I steadsfastly refuse to put my mixer off the counter and into a cabinet because i use it alot. but my whisk and attachments and extra bowl - in the back of a closet. ergh.
the only hitch to following those plans that andrea linked to? you'd be required to wear the dress and shoes. Which I find charmingly retro-stylish, but others might not : )
My mom actually refinished a hoosier like the one in Andrea's link, but I like the Sunbeam one better because of the slide-out table. I had a slide-out table in the kitchen of my old house, and it's one of the only things I miss about the place. (That, the laundry chute, and the pretty but very drafty old windows.)
Andrea and David? You guys get on this. I'd have to put it in my dining room, because there's no space at all in my kitchen, but if it were on wheels it could come to the entrance to the kitchen when I wanted it . . .
How much would something like this cost, David?
I imagine there's something on the order of 10 days of work there what with all the panel doors and drawers.
10x8x15=1200 (poverty cabinetry labor)
.6x=1200 (labor is typically 60% of the total job)
x=$2000 (total price)
that's with a reasonable rate for a furniture carpenter and would assume materials not quite as nice as the kit Andrea shows, b-flat hardware, and no finish.
But there would be some wiggle room, and really the estimate on this kind of project is meaningless without choosing the stock, hardware, and finish. Could be as little as half, could be five times as much.

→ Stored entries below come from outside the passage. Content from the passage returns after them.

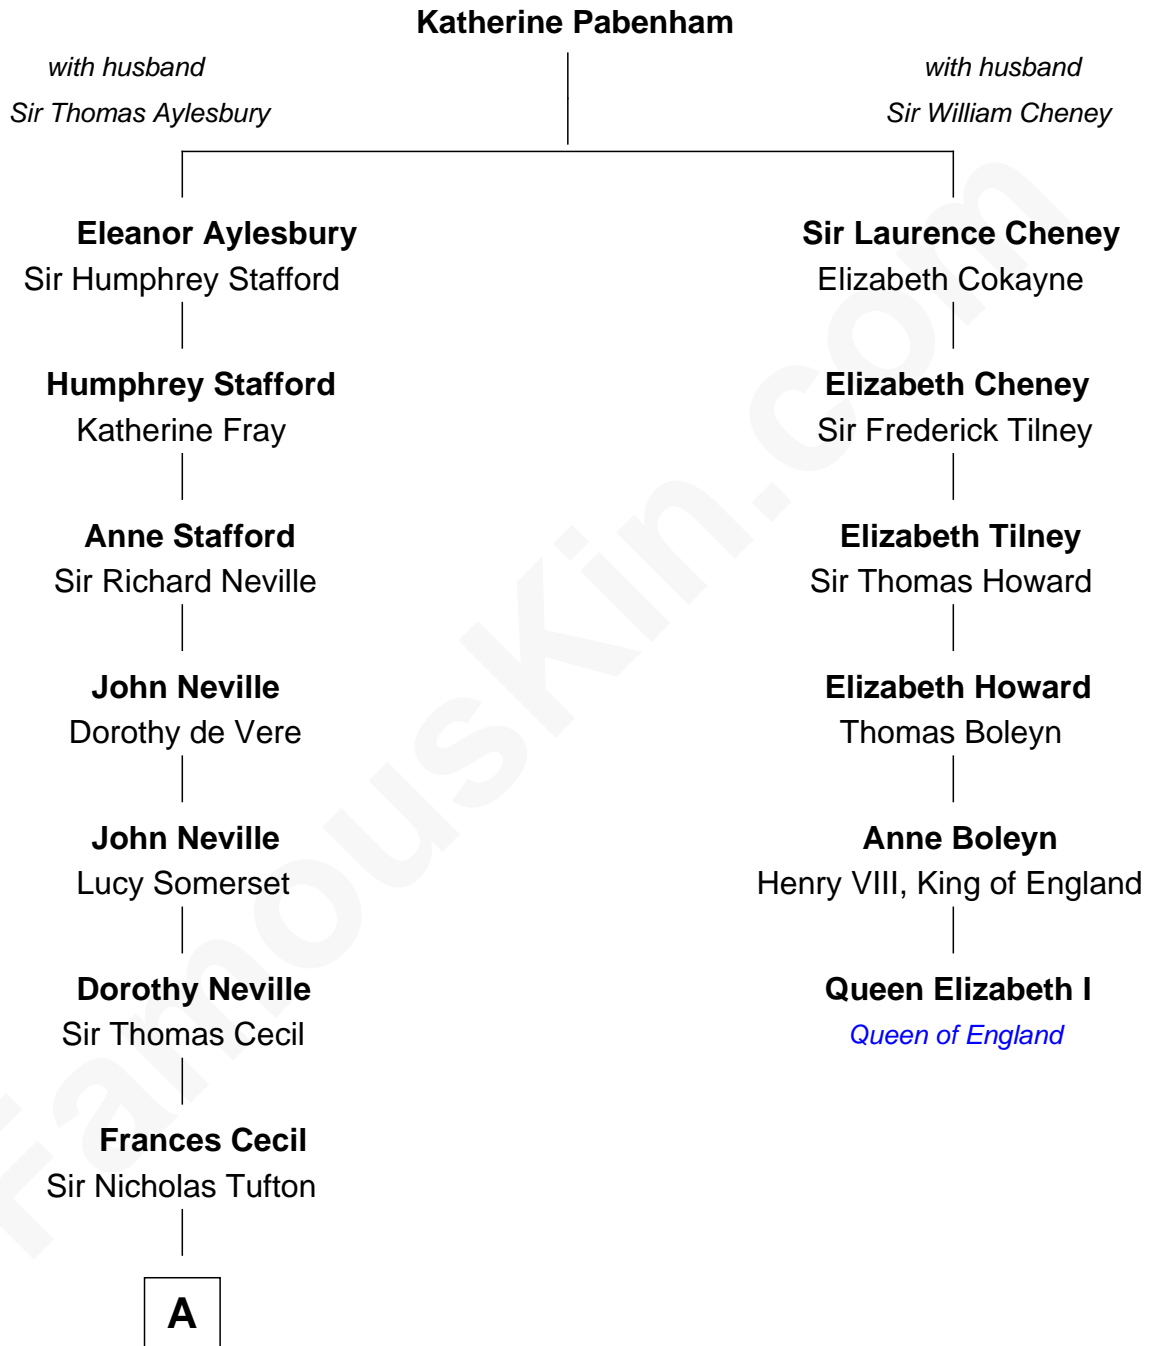

Queen Elizabeth I

Queen of England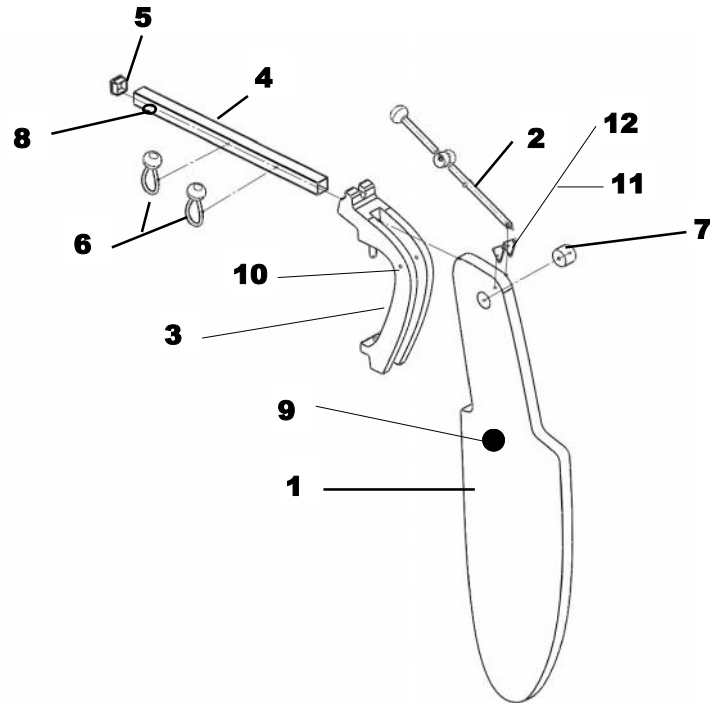

Trampoline

	Description	Part No
1	Trampoline	TC002/16
2	Glass Rod	TC184
3	Side Tension Rope c/w pulley	TC206

Front Beam

	Description	Part Number
1	Front Cross beam *	TC302/16A
2	Jib Cleat	TC191
3	Rubber Up stand	TC108
4	Fairlead Adjuster	TC173/1
5	Gennaker Halyard Cleat	C11
6	Mast Ball	TC165+SC
7	Long Bolt 140mm (post 2013)	TC340
8	Compression Tube	TC162
9	Short Bolt 60mm (post 2013)	TC174
10	Deck Eye	C10
11	End Cap Set - Front & Rear Beam	TC204
	Up to 2013	
7	Long Bolt 180mm (pre 2013)	TC293
9	Short Bolt 90mm (pre 2013)	TC273
*	Can only be ordered as a pair (front & rear cross beams)	

Rear Beam

	Description	Part Number
1	Rear Cross Beam *	TC302/16A
2	Trampoline Hooks (each)	TC161/1
3	Long Bolt 140mm (post 2013)	TC340
	Flat Washer x 2	TC047
	Nylon Washer	TC065
	Nyloc Nut	TC207
4	Rear Beam Compression Tube	
5	Short Bolt 60mm (post 2013)	TC174
6	S/S Large Washer	TC242
	Round Spacer	TC085
	Nylon Washer	TC065
	Flat Washer	TC047
	Nyloc Nut	TC207
7	Deck Eye	TM006
8	End Cap Set - Front & Rear Beam	TC204
9	Deck Eye	C10
10	Traveller Car	TC003/1
	Up to 2013	
3	Long Bolt 180mm (pre 2013)	TC293
5	Short Bolt 90mm (pre 2013)	TC273
*	Can only be ordered as a pair (front & rear cross beams)	

Rudder Connector & Tiller

	Description	Part No
1	Connector Bar inc fittings	TC305/16a
2	Universal Connecting Joint	TC031
3	Saddle Connector for TC031	TC018
4	Tiller Extension	TC036
5	Adaptor (pair)	TC154

Rudder Assembly

	Description	Part No
1	Rudder Blade	TC115/16
2	Rudder Lever Assembly	TC121
3	Rudder Stock	TC009
4	Tiller	TC130
5	Insert	TC126
6	Rudder Retention Strap	TC144 & TC061 (assy)
7	Spacer	TC151
8	Saddle Connector	TC018
9	Black Disk Sticker	TC272
10	Rudder Fixings	H6 x 1 H8 x 1 H15 x 1
11	Link Plates	TC294/14, TC295/14
12	Link Plate Fixings	TC296 x3 Screw TC297 x3 Nut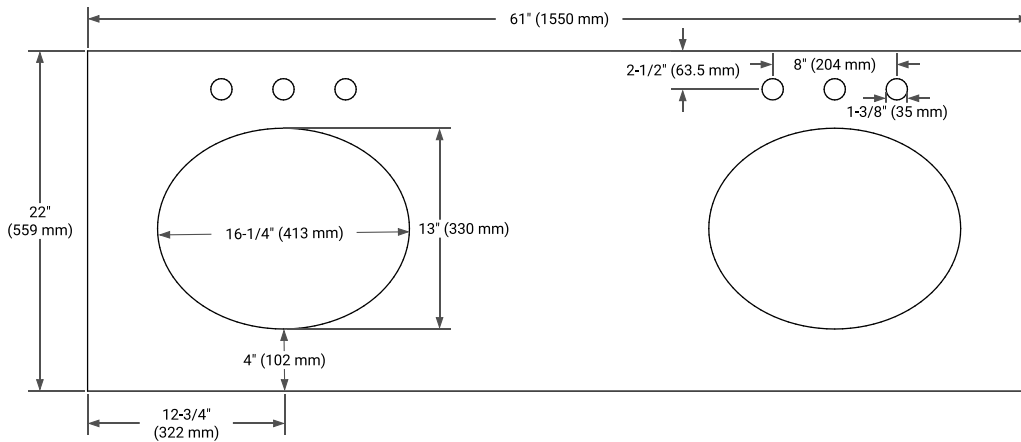

60" DOUBLE SINK BASE CABINET

BASE CABINET DIMENSIONS

60" W x 21.5" D x 34.5" H

FEATURES

- Solid wood frame & plywood panels
- Dovetail drawers and joints
- Soft closing doors & drawers

HARDWARE FINISHES*

Brushed Nickel Satin Brass Matte Black Polished Chrome

61" DOUBLE OVAL SINK COUNTERTOP WITH 0.75 IN. THICKNESS

OVERALL DIMENSIONS

61" W x 22" D x 0.75" H

COUNTERTOP OPTIONS

Carrara Marble

FEATURES

- Solid countertop with mitered edges & seams
- Undermount white oval sink
- Pre-drilled for 8" widespread faucet

INCLUDED

- Countertop
- Matching Backsplash
- Oval Sinks

COUNTERTOP PLAN VIEW

EDGE SIDE VIEW

THREE DIMENSIONAL COUNTERTOP VIEW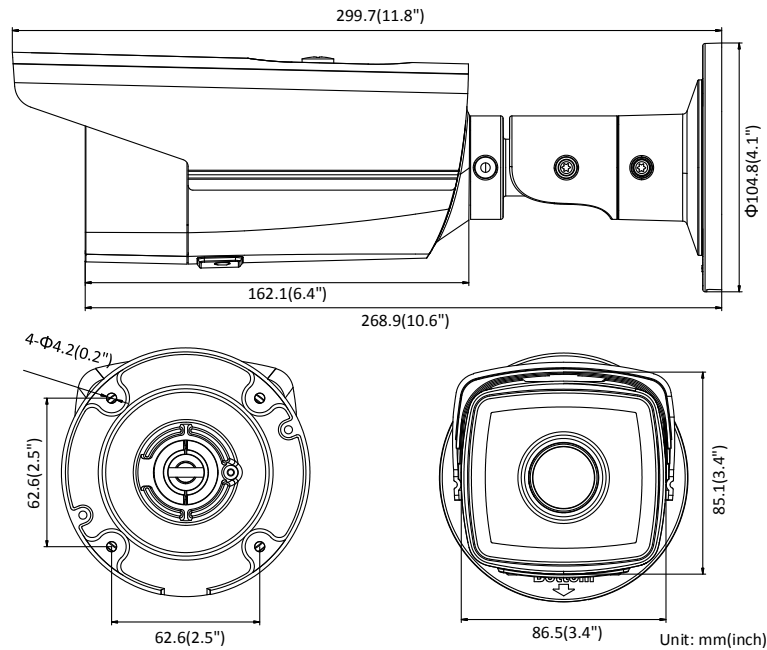

Dimension

Accessory

DS-1260ZJ(Black)
Junction Box

Distributed by

Headquarters
No.555 Qianmo Road, Binjiang District,
Hangzhou 310051, China
T +86-571-8807-5998
overseasbusiness@hikvision.com

Hikvision USA
T +1-909-895-0400
sales.usa@hikvision.com

Hikvision Australia
T +61-2-8599-4233
salesau@hikvision.com

Hikvision India
T +91-22-28469900
sales@pramahikvision.com

Hikvision Canada
T +1-866-200-6690
sales.canada@hikvision.com

Hikvision Thailand
T +662-275-9949
sales.thailand@hikvision.com

Hikvision Europe
T +31-23-5542770
sales.eu@hikvision.com

Hikvision Italy
T +39-0438-6902
info.it@hikvision.com

Hikvision Brazil
T +55 11 3318-0050
Latam.support@hikvision.com

Hikvision Turkey
T +90 (216)521 7070- 7074
sales.tr@hikvision.com

Hikvision Malaysia
T +601-7652-2413
sales.my@hikvision.com

Hikvision UK & Ireland
T +01628-902140
sales.uk@hikvision.com

Hikvision South Africa
Tel: +27 (10) 0351172
sale.africa@hikvision.com

Hikvision France
T +33(0)1-85-330-450
info.fr@hikvision.com

Hikvision Kazakhstan
T +7-727-9730667
nikia.panfilov@hikvision.ru

Hikvision Vietnam
T +84-974270888
sales.vt@hikvision.com

Hikvision UAE
T +971-4-4432090
salesme@hikvision.com

Hikvision Singapore
T +65-6684-4718
sg@hikvision.com

Hikvision Spain
T +34-91-737-16-55
info.es@hikvision.com

Hikvision Tashkent
T +99-87-1238-9438
uzb@hikvision.ru

Hikvision Hong Kong
T +852-2151-1761
info.hk@hikvision.com

Hikvision Russia
T +7-495-669-67-99
saleru@hikvision.com

Hikvision Korea
T +82-(0)31-731-8817
sales.korea@hikvision.com

Hikvision Poland
T +48-22-460-01-50
info.pl@hikvision.com

Hikvision Indonesia
T +62-21-2933759
Sales.Indonesia@hikvision.com

Hikvision Colombia
sales.colombia@hikvision.com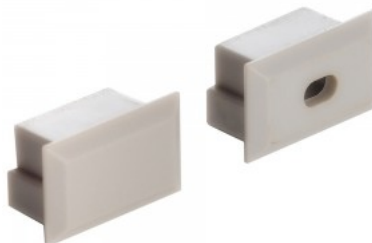

End cup LUZ NEGRA Roma XL with hole

Product code 13515

Brand [LUZ NEGRA](#)
Casing material plastic

End cup LUZ NEGRA Roma XL without hole

Product code 13516

Brand [LUZ NEGRA](#)
Casing material plastic

End cup LUZ NEGRA Sofia with hole

You know, I helped a carpenter friend of mine build a bookshelf once, years ago. Maybe it's time to raid my family for tools and see if I can be a carpenter/woodworker all on my own. Then the labor would be FREE. 'Cause I'm poor. POOR.
But thanks for the estimates.
That isn't a Hoosier cabinet. Hoosiers are bigger. Black Rose antiques in hanover Pennsylvania has several of those cabinets and I believe they were all priced under $200. Some were painted colors other than white.
actually I only gave you the whole shpeil so you could see the scope of the job. even without the labor the $800 in materials isn't cheap.
I bet we could do something much more reasonable using slightly more cost effective materials.